Traditionally, most companies rely on certificates to track renewable energy. When a factory generates renewable power, meters record data on the spreadsheet and send the sheet back to the registered provider. A second set of intermediaries brokers deals between buyers and sellers of these certificates, and certificates need to be verified by other parties when they are bought.
This kind of system is universally considered to be inefficient, costly and, most importantly, concerned its lack of transparency.
‘The way we manage these certificates “sucks,” and it’s holding up investment in renewable power, ‘ Says Jesse Morris, an energy expert at the Rocky Mountain Institute. ‘A new system based on blockchain, the technology at the heart of Bitcoin and other digital currencies, could fix this.’
Blockchain is an incorruptible digital ledger of economic transactions that can be programmed to record virtually everything of value.
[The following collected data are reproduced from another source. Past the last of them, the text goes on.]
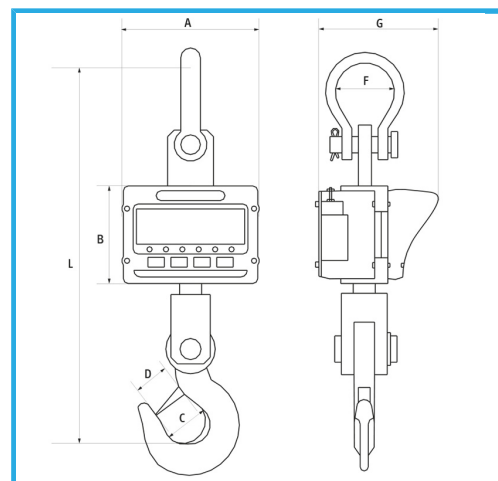

DOTATI DI BATTERIA, CARICABATTERIE, RADIOCOMANDO,
RETROILLUMINAZIONE E SEGNALE SONORO. DOPPIA UNITÀ DI
MISURA KG/LB. CON...

€1.200,00
~~**€1.530,00**~~

Grandezza caratteri	40 x 20 mm
Portata	10001 kg
Lettura	2 kg
Pesata minima	2 kg
Carico limite	150%
Batteria ricaricabile	1 x 6 V 10 Ah
Peso netto	32 kg
Peso lordo	20,01 kg
Dimensioni imballo	540 x 450 x 290 h mm
Codice EAN	8012667236724

Scatola

**Accessori
Inclusi**

Carica batterie
Batteria 6V 10Ah
Radiocomando
Grillo superiore
Gancio con dispositivo
anti sfilamento
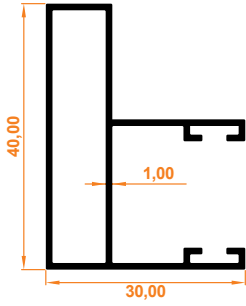

17x25 Sineklik
17x25 Fly Screen

20x40 Sineklik
20x40 Fly Screen

İçe Açılır Fitilli Sineklik Profili
Inward Foldable Flyscreen Profile

407

0,342 kg/m

Stor Kanat Profil
Stor Wing Profile

408

0,286 kg/m

Stor Boru Profil
Stor Pipe Profile

409

0,526 kg/m

Stor Kasa Profil
Stor Case Profile

410

0,413 kg/m

Stor Yan Kasa Profil
Stor Side Case Profile

411

In this case, renewable energy transaction data can be written and delivered among dealers and clients directly.
Furthermore, many experts believe that this technology is possible to initiate a fundamental transformation of modern energy grids.
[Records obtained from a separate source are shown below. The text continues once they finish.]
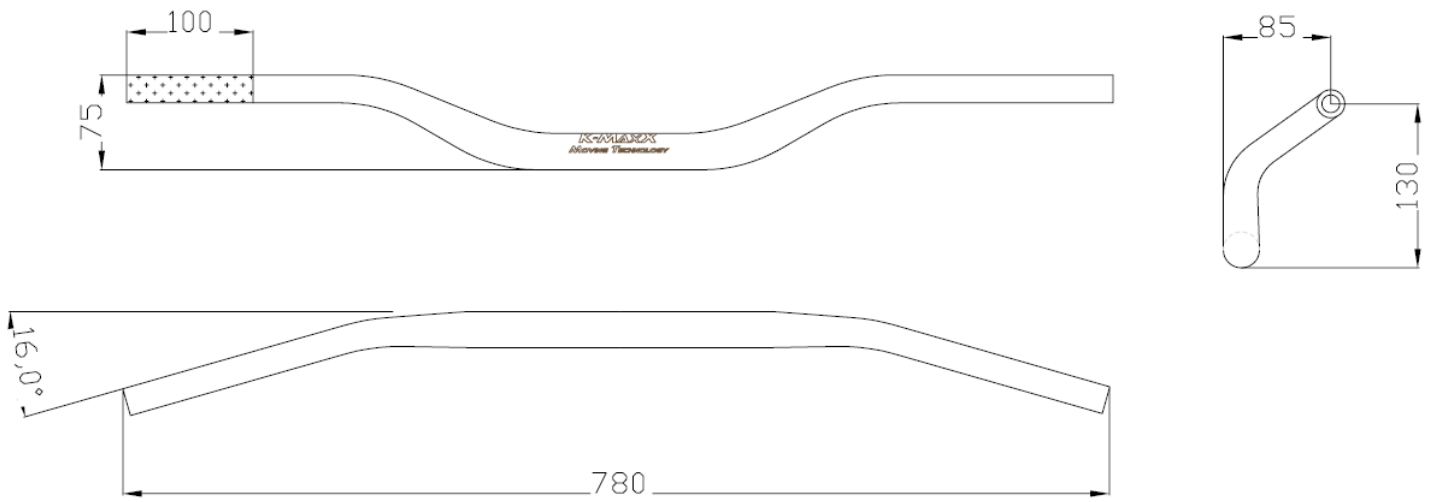

DIE ABMESSUNGEN C28-SB

C28-SB in Orange

K-MaxX 28mm-Lenker C28-CR an einer KTM 690 SMC

Lenker C28-CR montiert

Lenker C28-SB montiert
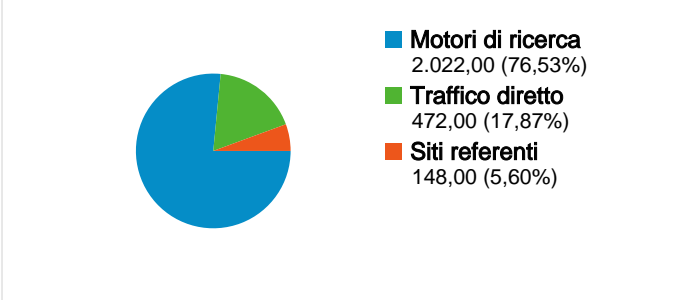

Uso del sito

2.642 Visite

37,06% Frequenza di rimbalzo

10.640 Visualizzazioni di pagina

00:03:11 Tempo medio sul sito

4,03 Pagine/Visita

59,73% % Nuove visite

Panoramica visitatori

Overlay mappa

Panoramica sulle sorgenti di traffico

Panoramica dei contenuti

Pagine	Visualizzazioni di pagina	% visualizzazioni di pagina
/	2.395	22,51%
/content/pgt-2010	402	3,78%
/node/383	268	2,52%
/taxonomy/term/176	263	2,47%
/node/242	251	2,36%

1.856 persone hanno visitato questo sito

2.642 Visite

1.856 Visitatori unici assoluti

10.640 Visualizzazioni di pagina

4,03 Media visualizzazioni di pagina

00:03:11 Tempo sul sito

37,06% Frequenza di rimbalzo

Tutte le sorgenti di traffico hanno generato un totale di 2.642 visite

17,87% Traffico diretto

5,60% Siti referenti

76,53% Motori di ricerca

- **Motori di ricerca**
2.022,00 (76,53%)
- **Traffico diretto**
472,00 (17,87%)
- **Siti referenti**
148,00 (5,60%)

So far, most power plants distribute energy over transmission and distribution lines, but in recent years some smaller ‘distributed’ power generators and storage systems, like rooftop solar panels and electric-vehicle batteries, have been connecting to the grid. However, the most efficient way to use those generators and systems is for owners. 
‘It generally takes 60 to 80 days for an electricity producer to get paid.’ Said Jemma Green, cofounder and chair of Power Ledger, an Australia-based Blockchain startup that allows producers to trade energy peer-to-peer with consumers. ‘With a blockchain-based system, producers can get paid immediately, so they need less capital to start and run a generating business.’
Except for Power Ledger, several firms have begun to develop or revealed blockchain-based energy platforms, including Conjoule, supposed to be operated next year, and Drift, operated in New York already.
‘[It] could add a level of sophistication to the market by enabling those more granular transactions.’ Said Green.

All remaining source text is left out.